Irrespective of the FJP’s justifications, the list of empty promises has caused many of Sinai’s residents to feel the same resentment towards Morsi and the Brotherhood as they felt towards previous governments, which similarly neglected their basic needs. Accordingly Sabry alleges many of Sinai’s populous chose to support Morsi’s ouster, adding however that the region has not been immune from the severe polarization seen around the country.

“Morsi has left us in a worse predicament than we were under Mubarak, who at least enforced security,” said Abdel Hedi, echoing a sentiment felt by many throughout Egypt. The deteriorating socio-economic and primarily security conditions have led some locals to flee the volatile territory, particularly Coptic Christians who are often targeted by Islamic militants following Morsi’s removal from office. Locals who supported his dismissal and participate in anti Morsi rallies have also been victimized by militants and pro-Morsi sympathizers, another example of the dangerously expanding social divisions and polarization in Egypt.

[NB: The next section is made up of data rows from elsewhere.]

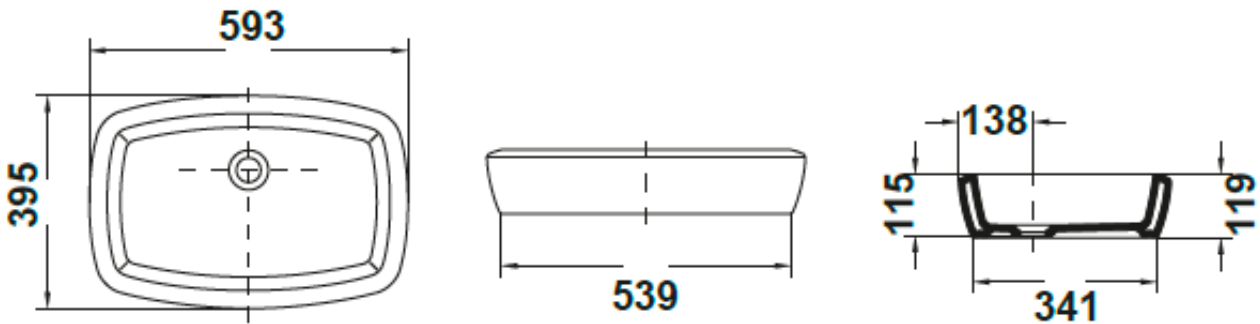

SPECIFICATION SHEET

Manufacturer	GALA GROUP OF ROCA-SPAIN
Model	EOS
Description	OVER-COUNTER RECTANGULAR WASH BASIN, NO TAP-HOLE
Finish	WHITE
Article Code	34020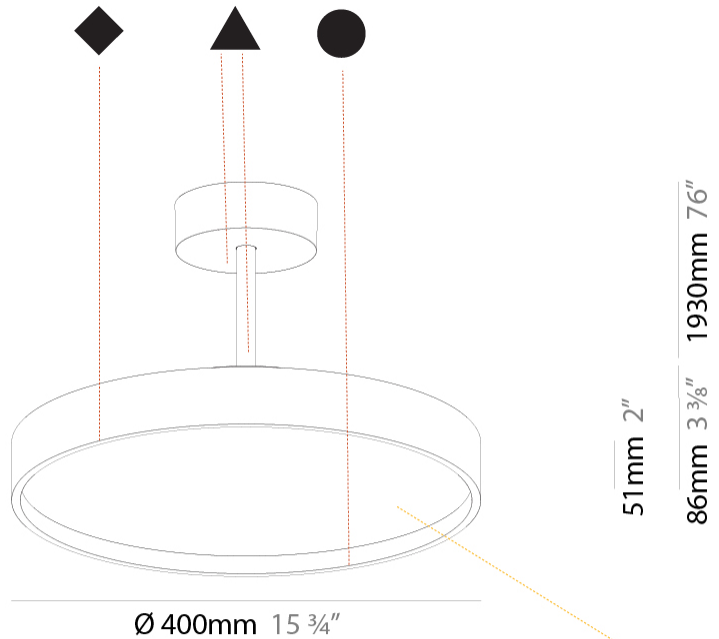

GENERAL

Series: Sign Diva Tube
Subseries: Sign Diva Tube Korona
Brand: Prolicht
Division: Architectural
Mounting Type: Suspension
Mounting Location: Ceiling
Subcategory: Pendant

PHYSICAL

Shape: Round
Diameter (mm): 400
Diameter (in): 15 3/4
Height (mm): 86
Height (in): 3 3/8
Max. Overall Height (mm): 2016
Max. Overall Height (in): 79 3/8
Light Distribution: Direct
Weight (kg): 3.251
Weight (lbs): 7.167
Diffuser: PMMA - Opal / Micro-Prism / Sparkling Secret / Vintage Industrial
Fixture Finish: SSR / BKV / CWI / CRY / HAB / UFT / ITA / RUA / FTG / MYG / LOD / PUS / FRO / FUP / KIA / POP / BLS / SPG / MEY / GOH / GUM / CHC / COM / ABZ / JAG / OBR / MOS / ROR
Fixture Material: Extruded Aluminum / Steel

ELECTRICAL

Lamp Type: LED (Zhaga Standard)
Input Wattage (W): 17
Dimming: Tri-Mode (Non-Dimming and Phase Dimming (120Vac only) and 0-10V Dimming)
Driver Included: Yes
Driver Location: Integrated
Driver Type: Constant Current - Universal
Driver Class: Class 2
Input Voltage (V): 120 - 277
Constant Current (MA): 500

LED

Color Temperature (°K): 2700 / 3000 / 3500 / 4000
Max. Delivered Lumen (lm): 1807 / 1943 / 1951 / 1991
Nominal Lumen (lm): 2250 / 2420 / 2430 / 2480
CRI: >90 CRI
Lamp Life (hrs): 50000

OPTICAL

RATINGS AND CERTIFICATIONS

Certified By: Certified for North American Standards
IP rating: IP20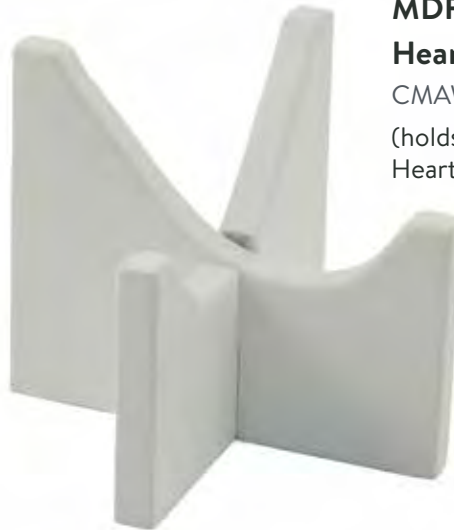

Urn pendants do not hold cremated remains.

Golden Oval 
C400

Silvertone Oval 
C401

PERSONALIZATION PLATES

MATERIAL: ALLOY

	HEIGHT	WIDTH
Small	0.6"	1.6"
Large	0.8"	3.0"

Pewter Small 
6504

Pewter Large 
6506

Bronze Small 
6505

Bronze Large 
6507

HEART STANDS

MATERIAL: BRASS OR MEDIUM DENSITY FIBERBOARD

Antique Bronze
5270

Pewter
5271

**MDF Cherry
Heart Stand** 
CMACHS
(holds Arielle
Heart keepsakes)

**MDF White
Heart Stand** 
CMAWHS
(holds Arielle
Heart keepsakes)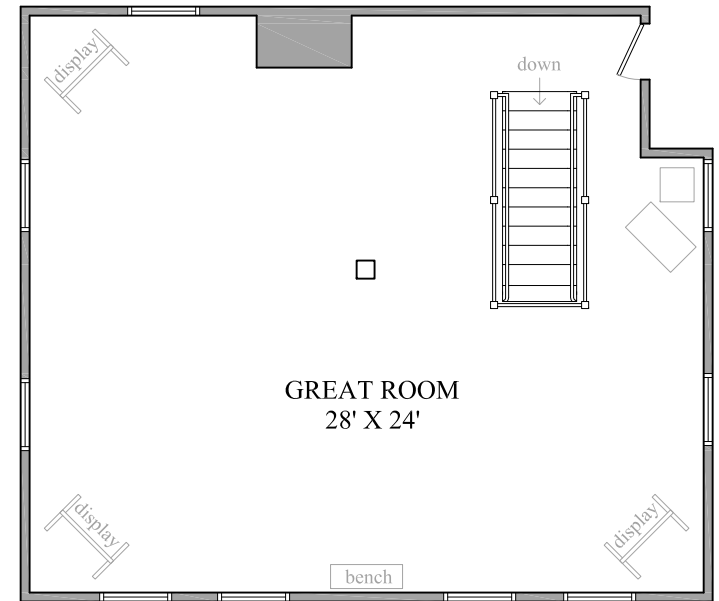

**LOWER LEVEL
KITCHEN**
14'-7" x 19'-6"

FIRST FLOOR

folding furniture

SECOND FLOOR

WARREN TAVERN
2S540 SECOND STREET
WARRENVILLE, IL 60555

WARREN TAVERN PRESERVATIONISTS
(630) 393-6026
INFO@WARRENTAVERN.ORG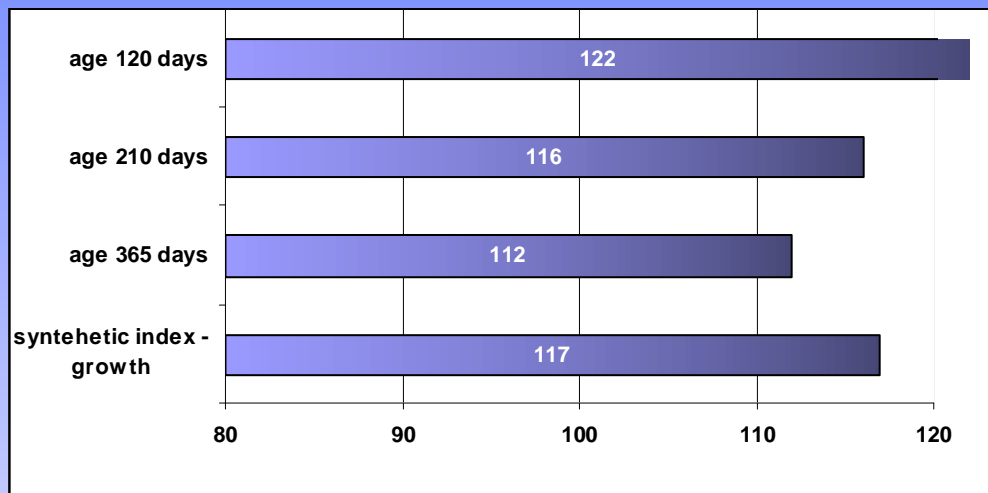

PERFORMANCE TEST

-weights-

120 days

206 kg

210 days

303 kg

365 days

486 kg

daily gain since birth

1300 g

daily gain test period/index

1608 g/108

CALVING:

OUTSTANDING CONFORMATION

* HEIGHT 106 * LENGTH 114 * WEIGHT 111 * BODY CAPACITY 129
 * MUSCULARITY 128 * BREEDING TYPE 129

Parade is remarkably interesting young sire with fully Belgian pedigree. He passed performance test successfully and received very high marks of exterior at the end of the test. Not only his body scoring but also his breeding values for type traits are extremely high.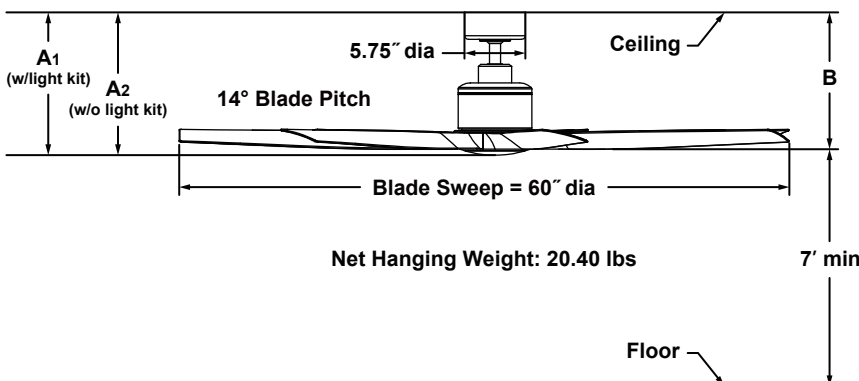

FPD6860** 60" Ceiling Fan

featuring KwikWire easy connection

INSTALLATION REQUIREMENTS:

Fan must be attached to a securely anchored electrical junction box capable of withstanding a load of at least 35 lbs.

LIGHTING OPTIONS:

One 24-watt CCT LED (Warm/Natural/Cool) included.

DOWNROD OPTIONS:

Fan comes with a 1" dia. x 4.5" long downrod (DR1-45). Optional downrods are available in 12", 18", 24", 36", 48", 60" and 72" lengths. A downrod coupler is available for installations requiring a downrod longer than 72". Fan can be mounted on a sloped ceiling up to 27°. Most sloped ceiling installations require a standard 18" downrod or longer downrod. Optional sloped ceiling ball kits (SCB1-52) are available for slope angles greater than 27° and up to 42°. Optional close-to-ceiling kit is available as well — sold separately. Call technical support for more information.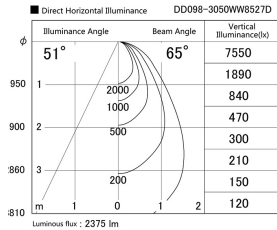

Item no. DD098-3050WW8527D

Series Name: Φ 150 Spark (Deep Cone)

Dark Mirror Reflector

| | |
|------------------|-------------------------|
| Installation | Recessed mount |
| Type | |
| Fixture wattage | 30.3W |
| Beam angle | 65 deg |
| Color Temp. | 2700K |
| CRI | Ra>85 |
| Luminous | 2375 lm |
| Body | Die-cast aluminum alloy |
| Body finish | N/A |
| Trim finish | White |
| Reflector finish | Dark Mirror |
| IP Rate | IP20 |
| Light source | COB module |
| Input Voltage | AC220~240V |
| Dimming Type | Non-Dimmable |
| Certificate | CE, CCC |
| Cut Hole | 150mm |

| Height (Weight) | Spot / Medium / Medium flood | Wide flood |
|-----------------|------------------------------|-------------|
| 65.3W | 177 (1.4kg) | |
| 48.5W | 177 (1.5kg) | |
| 44.3W | 157 (1.2kg) | |
| 33.8W | 168 (1.1kg) | 157 (1.1kg) |
| 30.3W | 168 (1.1kg) | 157 (1.1kg) |
| 23.0W | 138 (0.9kg) | 127 (0.9kg) |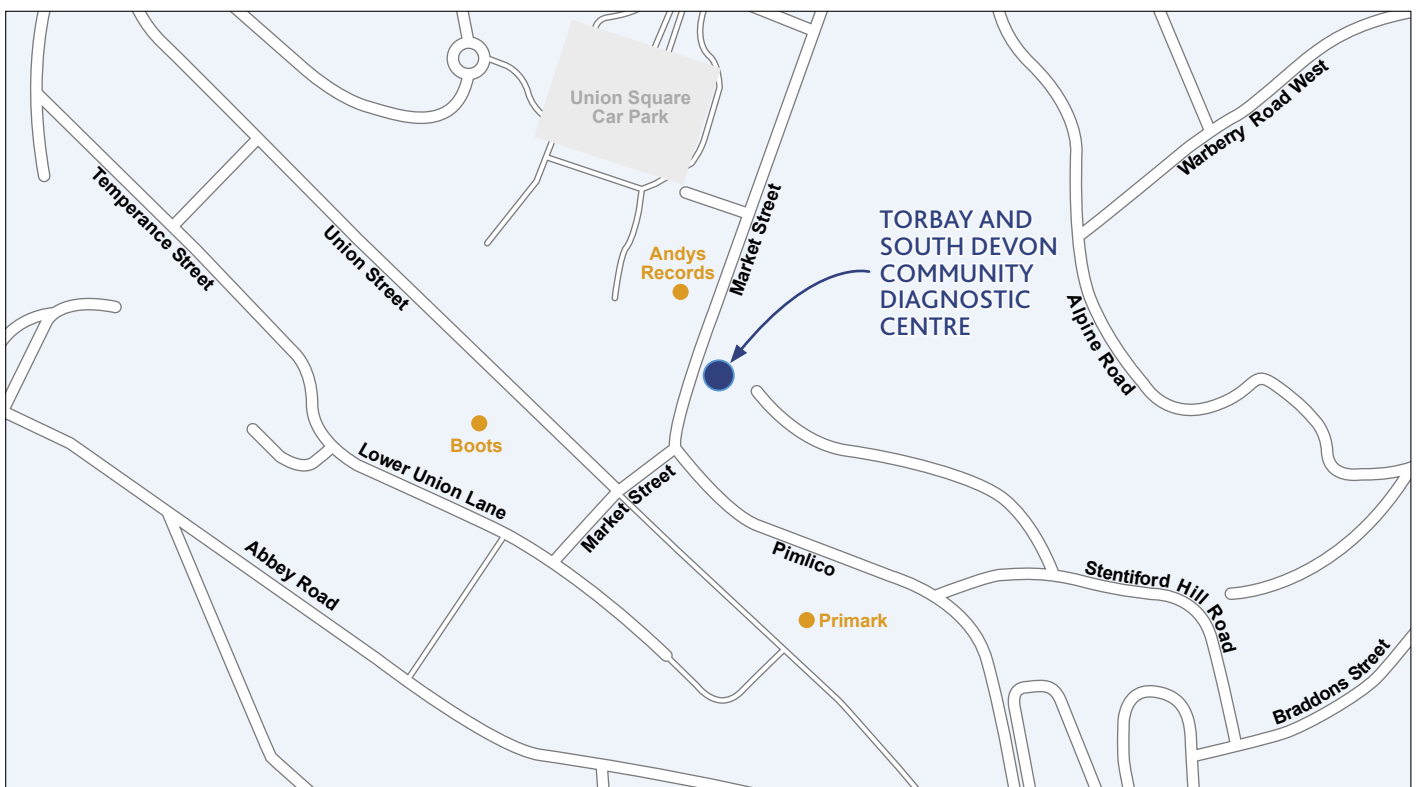

HOW TO FIND TORBAY AND SOUTH DEVON COMMUNITY DIAGNOSTIC CENTRE

2 Market Street, Torquay, Devon TQ1 3AQ

You can find us at the what3words address: <https://what3words.com/bats.vocab.combining>
Simply search the link, then tap 'Navigate' and select 'Google Maps'

BY ROAD

There are 3 disabled parking spaces available directly outside of the Centre (max 4 hours), but there is no dedicated patient parking. There are parking meters on Market Street that can be used for appointments. Union Square Shopping Centre (TQ1 3BB), Shoppers Car Park (TQ2 5PN) and Lower Union Lane (TA2 5PN) also provide pay and display parking.

There is also a taxi rank on the Harbour - 10 min walk away.

BY BUS

The Stagecoach 35A stops directly outside of the Centre. Buses 12, 22 and 31 also go through the town centre, providing easy access.

BY RAIL

There are two local train stations – Torquay and Torre. Both are approximately 25 minutes walk from the Community Diagnostic Centre.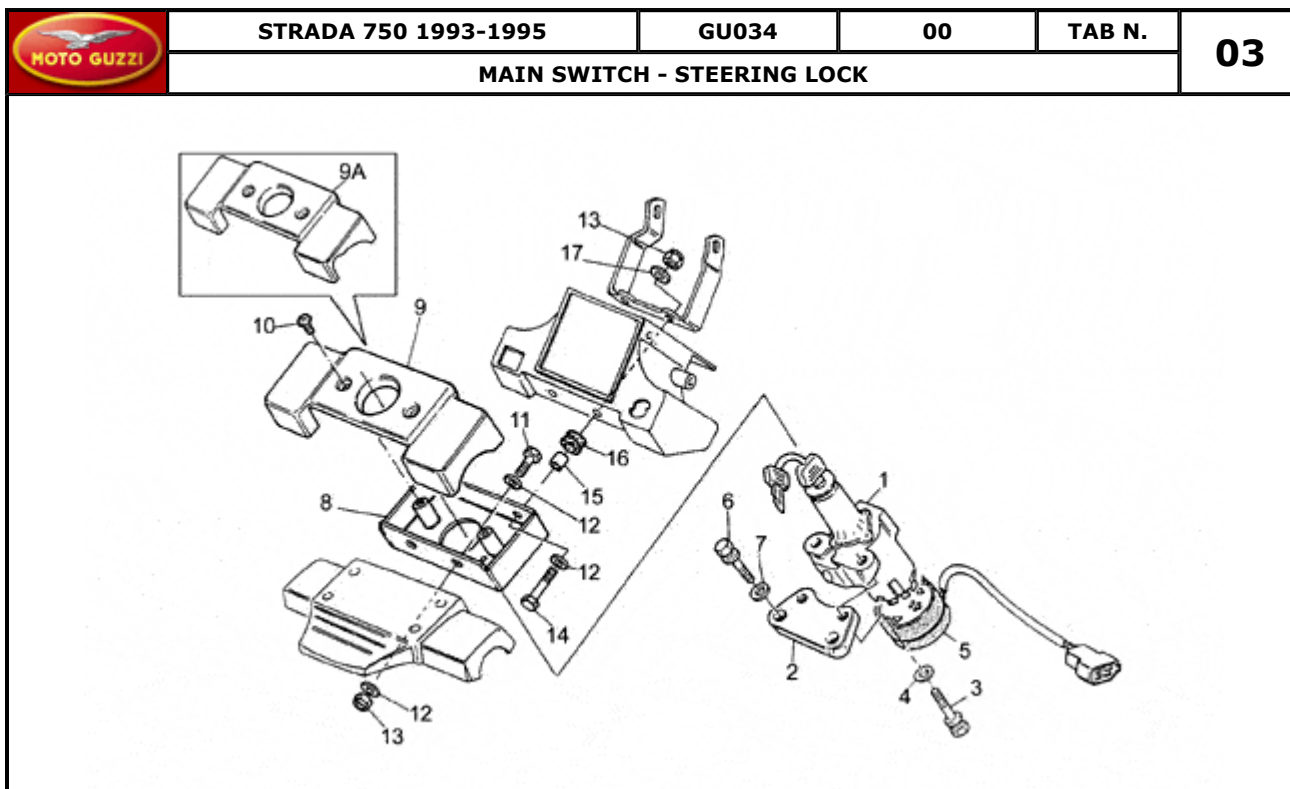

Pos.	Description	Year	I_M_	Country	Version	Code	Q.ty	P.Cod.
1	Main switch - steering lock	-	-	-	-	GU30782511	1	
2	Commutator support	-	-	-	-	GU19782315	1	
3	Shear rivet	-	-	-	-	GU97260425	2	
4	Washer	-	-	-	-	GU95004208	2	
5	Commutator wiring	-	-	-	-	GU29731460	1	
6	Shear rivet	-	-	-	-	GU97260420	2	
7	Washer	-	-	-	-	GU95000208	2	
8	Plate	-	-	-	-	GU30766580	1	
9	Cover	-	-	-	MN2	GU31766690	1	
	Cover	-	-	-	MN1	GU30766680	1	
10	Screw	-	-	-	-	GU98230610	2	
11	Screw	-	-	-	-	GU98054314	2	
12	Washer	-	-	-	-	GU95000206	4	
13	Nut M6x1	-	-	-	-	GU92630206	4	
14	Screw	-	-	-	-	GU98054325	2	
15	Spacer 6,2x8x13,5	-	-	-	-	GU91180617	2	
16	Rubber spacer 8x18	-	-	-	-	GU91551167	2	
17	Washer 6,5X17X1.5	-	-	-	-	GU95100139	2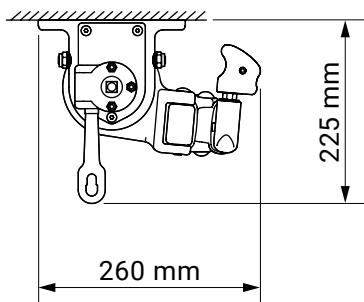

wall installation

tilt angle

wall bracket
giant

colour palette	RAL
electric drive	yes
manual drive	yes
maximum width	5.0 m
maximum projection	3.1 m
cassette	no
optional hood	no
tilt angle	5°–70° (wall) 5°–85° (ceiling)
fabric	140 patterns
valance	yes

“Since Morsi’s ouster, militants have increased their offensive against all his opponents as they do not want the old regime to return,” explained Ahmed Abu Deera, a local Bedouin from al-Arish, and a member of North Sinai’s Sawairka tribe. Abu Deera adds that not all militants are Morsi and Brotherhood supporters. Some are more concerned with protecting their self-interests linked to lucrative illicit trade that would be affected by tighter security measures, as was the case under Mubarak. Other militants, he says, have chosen to obey recent fatwas made by prominent Islamists to take up arms in defense of the “Islamist project,” he said.   

As a result of all the fiercely opposing fronts, North Sinai’s populous remain victim, in a state of limbo and insecurity, devoid of quality services and basic amenities. Sinai’s Bedouin and political analysts concur: stability in Sinai is dependent on the army and new government’s objectives in Sinai and whether they intend to rid the region of terrorism, as well as initiate development. Sinai is yet one more example of how the interim and future governments must learn from Morsi’s mistakes.

Sarah El-Rashidi graduated from Cambridge University with a Masters in International Relations, which encompassed a thesis focused on the Muslim Brotherhood’s pursuit of legitimacy under Mubarak.